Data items
%%

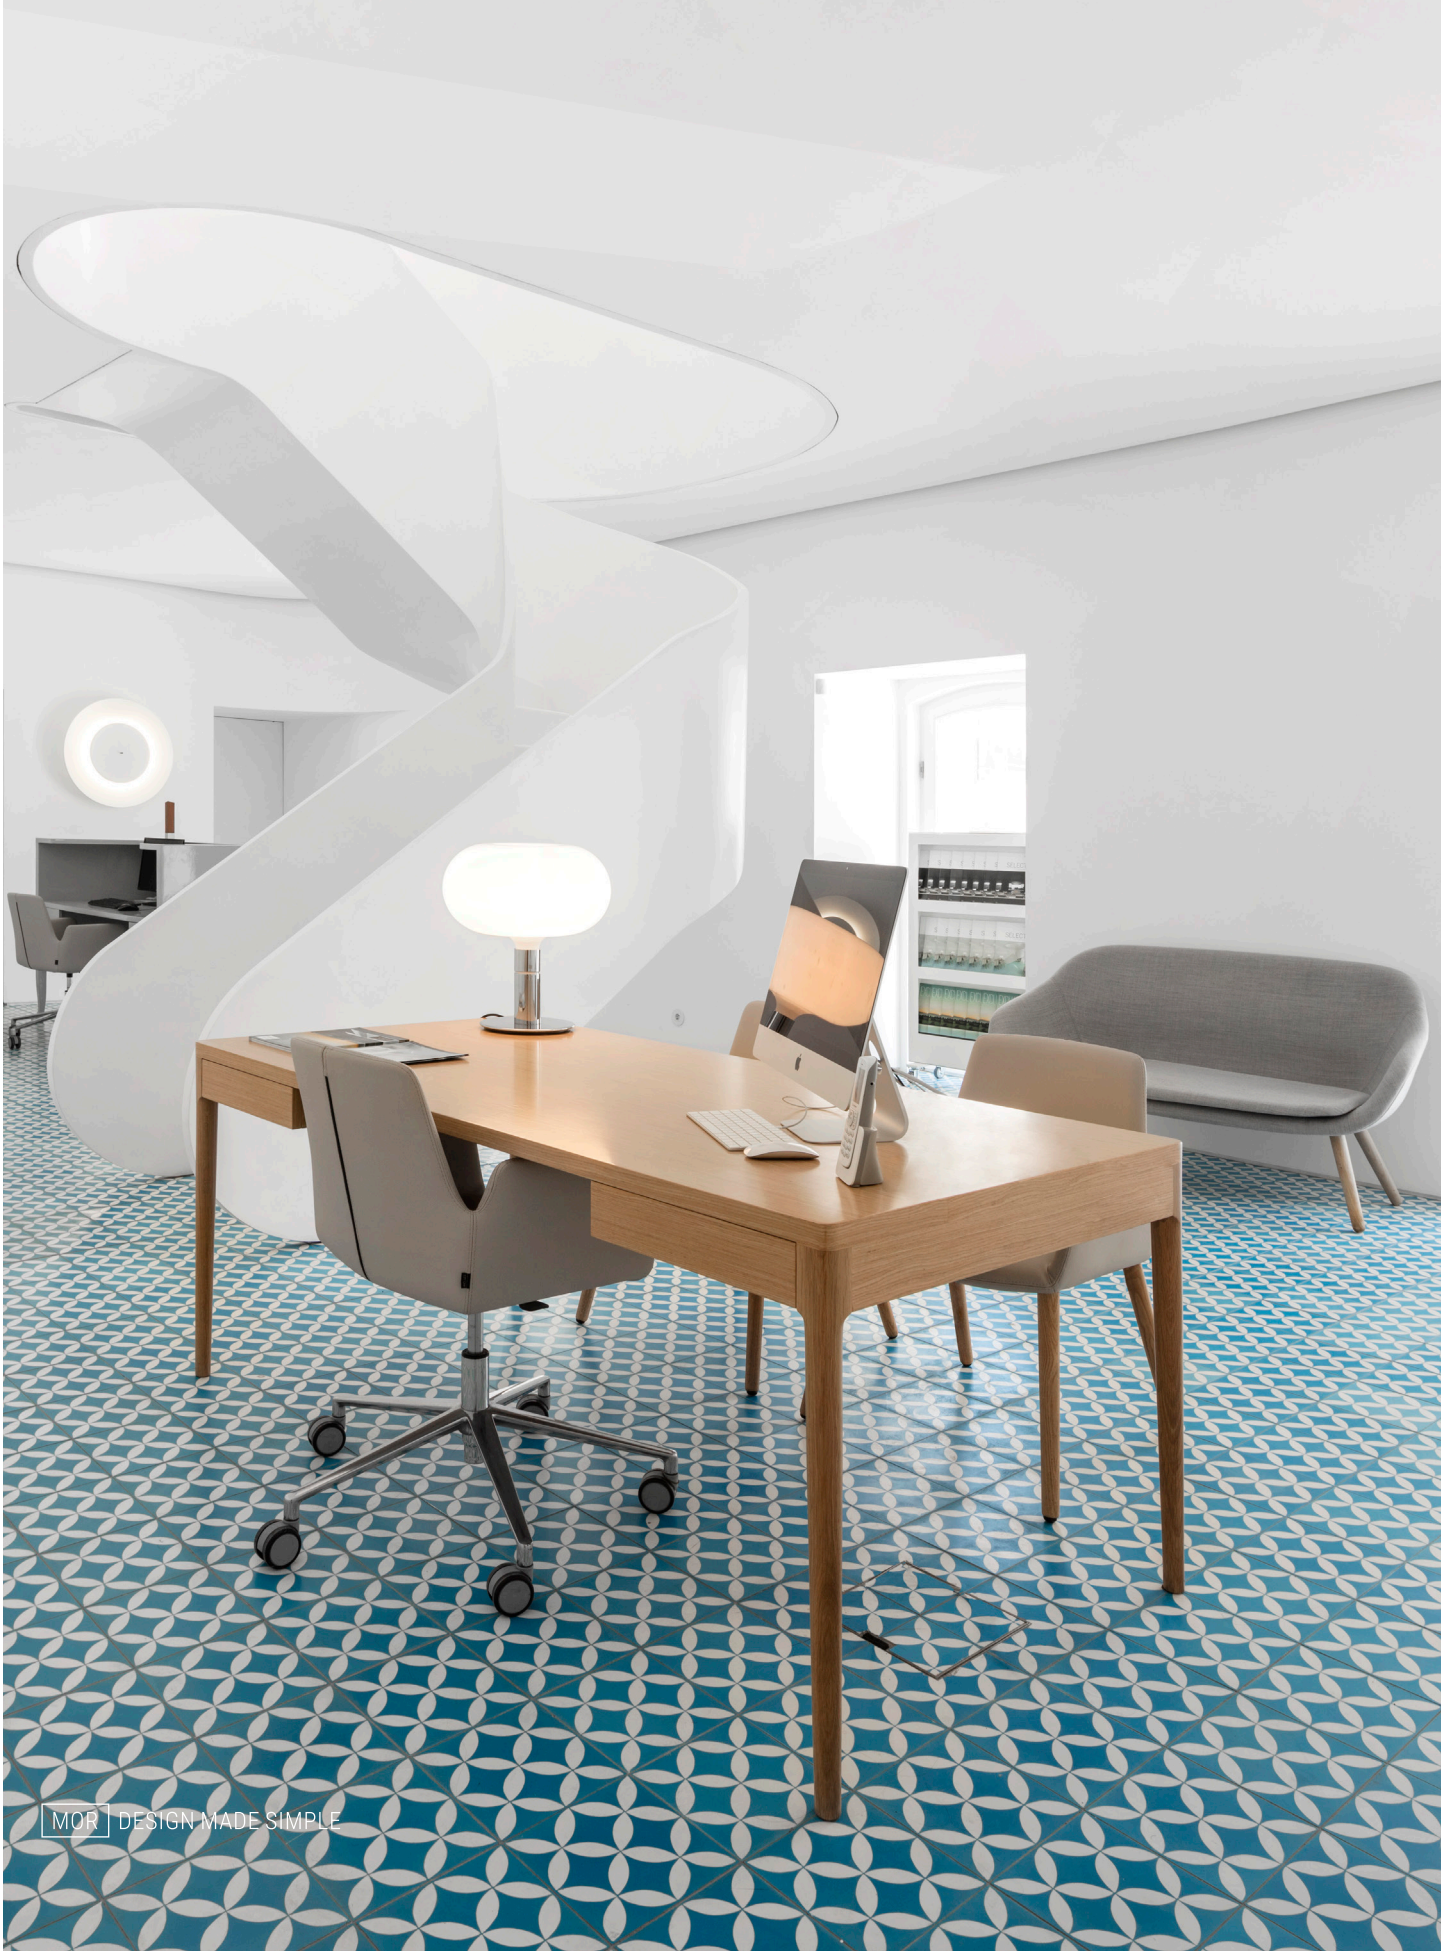

MANU

by Pedro Sottomayor

FRONT

FRONT product sheet

FRONT is an elegant desk, which suits well in homes, offices or reception areas. Two drawers, as well as cable storage are integrated in the table structure, which gives the desk a clean look that draws the attention on all the fine materials used to build it.

Rectangular 160 x 80

Rectangular 180 x 90

Rectangular 200 x 100
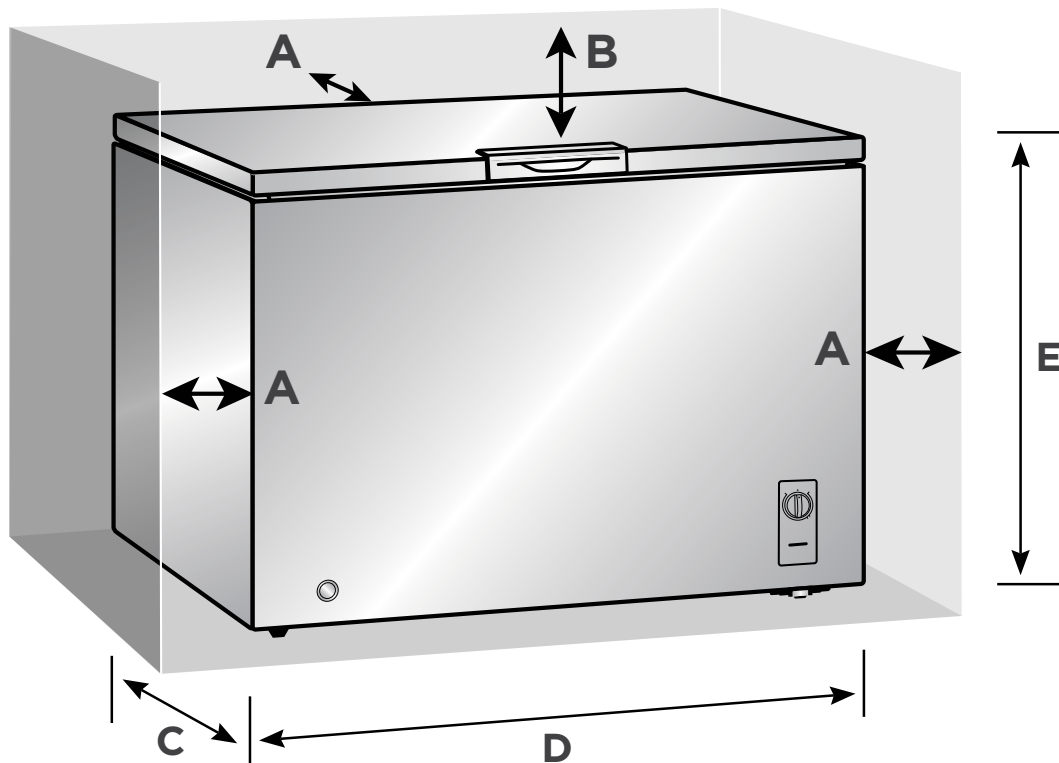

Multi-Angle Hinge Design

Allows the lid to stay open between 45 and 75 degrees for easy packing and unpacking. You don't need to hold the lid up with your hands allowing you to pack and unpack faster.

5.0 Cu. Ft. Chest Freezer
Model MRC05M4AWW, MRC050S0AWW

7.0 Cu. Ft. Chest Freezer
Model MRC07M4AWW, MRC070S0AWW

10.2 Cu. Ft. Chest Freezer
Model WHS-384C1

SPECIFICATIONS

Models		MRC05M4AWW MRC050S0AWW	MRC07M4AWW MRC070S0AWW	WHS-384C1
Total Capacity	cu. ft.	5.0	7.0	10.2
Approximate Frozen Food Storage Capacity	lbs	175	245	357
FEATURES				
Control Type		Mechanical	Mechanical	Mechanical
Defrost Drain		Yes	Yes	Yes
Defrost Type		Manual	Manual	Manual
Bulk Storage Basket		1, Wire	1, Wire	1, Wire
EXTERIOR APPEARANCE & INSTALLATION				
Handle Type		Recessed	Recessed	Recessed
Leveling Legs		Yes	Yes	Yes
PERFORMANCE DATA				
Energy Consumption	kwh/yr	218	250	238
Electrical Requirements		115V/60Hz	115V/60Hz	115V/60Hz
Temperature	Min	°F/°C	-13 / -25	-13 / -25
	Max	°F/°C	-0.4 / -18	-0.4 / -18
Dimensions (W*D*H)	in	24-11/16 x 21-3/16 x 33-1/2	32 x 21-1/8 x 33-1/2	43-7/8 x 26-3/8 x 33-1/2
	cm	62.8 x 53.6 x 85.1	81.3 x 53.6 x 85.1	111.5 x 67.1 x 85.1
Net Weight	lbs	61.67	70.48	70.48
	kg	27.97	31.97	31.97

Model/Capacity	A (Between sides and back of cabinet and walls)		B (Above the freezer)		C (Depth)		D (Width)		E (Height)	
	in	cm	in	cm	in	cm	in	cm	in	cm
MRC05*** / 5.0 Cu. Ft.	7-7/8	20	27-1/2	70	21-1/8	53.6	24-3/4	62.8	33-1/2	85.1
MRC07*** / 7.0 Cu. Ft.	7-7/8	20	27-1/2	70	21-1/8	53.6	32	81.3	33-1/2	85.1
WHS-384C1 / 10.2 Cu. Ft.	7-7/8	20	27-1/2	70	26-3/8	67.1	43-7/8	111.5	33-1/2	85.1

%%

What you should do:
The answer is every line in the data where the word "Chest" appears.

Exercise solution:
5.0 Cu. Ft. Chest Freezer
7.0 Cu. Ft. Chest Freezer
10.2 Cu. Ft. Chest Freezer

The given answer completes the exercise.